EXERCISE MATERIAL: Begin

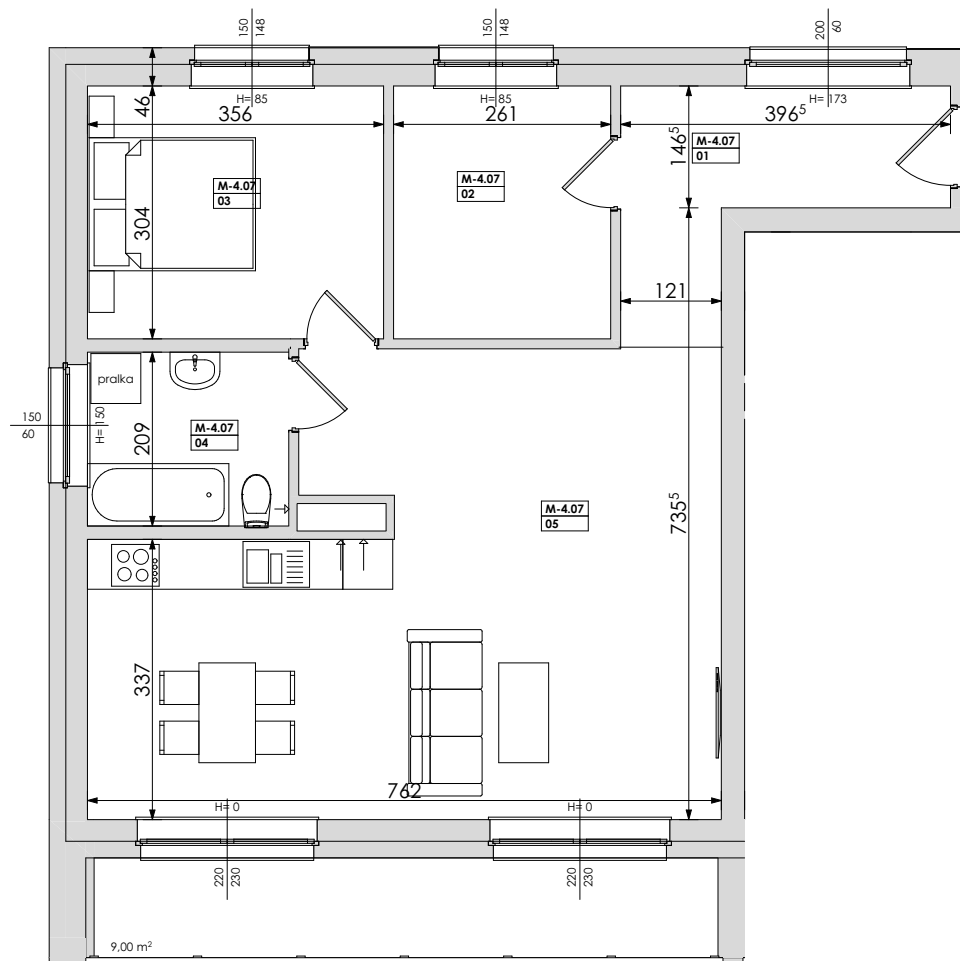

Mieszkanie nr	Nr pom.	Nazwa pomieszczenia	Powierzchnia	Wys.	Kubatura
M-4.07	01	komunikacja	7,84	256	20,06
	02	pokój	7,93	256	20,31
	03	pokój	10,82	256	27,71
	04	komunikacja	5,06	256	12,95
	05	pokój dz.+aneks.kuch.	36,73	256	94,02
			68,38 m²		175,05 m³

POZNAŃ
ulica **Jasielska**

Powyższe rysunki mają charakter poglądowy. Zastępujemy sobie prawo do wprowadzenia zmian.

powierzchnia mieszkania 68,38 m²
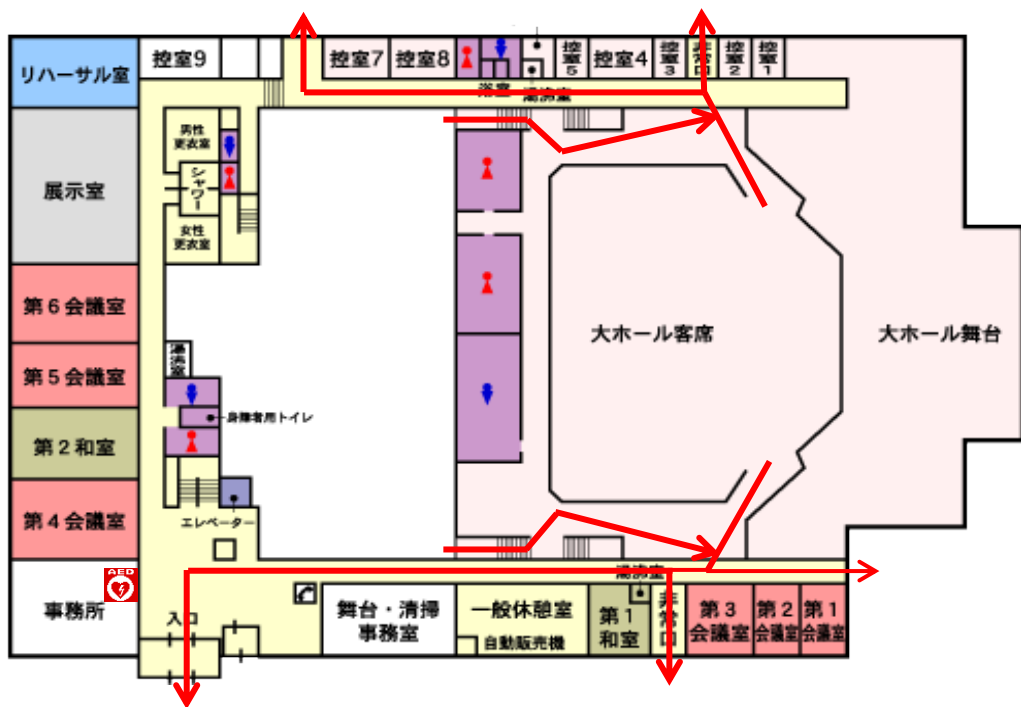

# 小ホール 避難順路図

※ご利用の際には、非常口・避難順路を必ず確認しておいてください  
 ※非常の際には係員の指示に従い避難してください

狭山市市民会館  
 ☎04-2953-9101

# 大・中ホール 避難順路図

2F

避難順路 →

1F

避難順路 →

※ご利用の際には、非常口・避難順路を必ず確認しておいてください  
 ※非常の際には係員の指示に従い避難してください

狭山市市民会館  
☎04-2953-9101

EXERCISE MATERIAL: End

Restate the data word for word from its first line through the line with "ulica **Jasielska**", leaving out any picture along the way.

§ EXERCISE SOLUTION
Mieszkanie nr	Nr pom.	Nazwa pomieszczenia	Powierzchnia	Wys.	Kubatura
M-4.07	01	komunikacja	7,84	256	20,06
	02	pokój	7,93	256	20,31
	03	pokój	10,82	256	27,71
	04	komunikacja	5,06	256	12,95
	05	pokój dz.+aneks.kuch.	36,73	256	94,02
			68,38 m²		175,05 m³

POZNAŃ
ulica **Jasielska**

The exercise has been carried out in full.